**Information shown:**
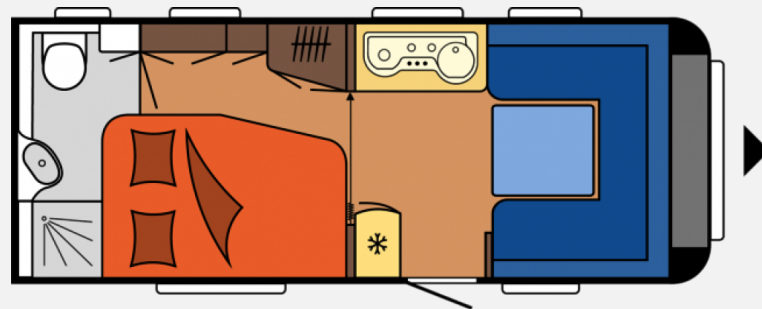

Exposé

Hobby Excellent 540 WFU "Frühjahrsaktion" Modell 2023

28.900,- €

MwSt. ausweisbar

Fahrzeug

Grundriss

Technische Daten

Modell-/Baujahr	2023, 2023
Anzahl der Achsen	1
Anzahl Schlafplätze	4
Gesamtlänge	727 cm
Gesamtbreite	230 cm
Höhe	264 cm
Innenhöhe	195 cm
Umlaufmaß	9860 cm
Aufbaulänge	608 cm
Masse in fahrber. Zustand	1339 kg
techn. zul. Gesamtmasse	1500 kg
Zuladung	161 kg
Auflastung	2000 kg
Infrastruktur	Küche WC
Liegeflächen	Bug (204 x 150 / 130) Seite (199 x 133 / 110)
Heizung	TRUMA Combi 6
Kühlschrankvolumen	133 l
Gefriervolumen	12 l
Wasservorrat	47 l
Abwassertankvolumen	24 l
	Rundsitzgruppe
	Doppel-/franz. Bett

**Exercise directions:**
Respond with one number, the count of lines of the material that include "Modell".

**Reply:**
2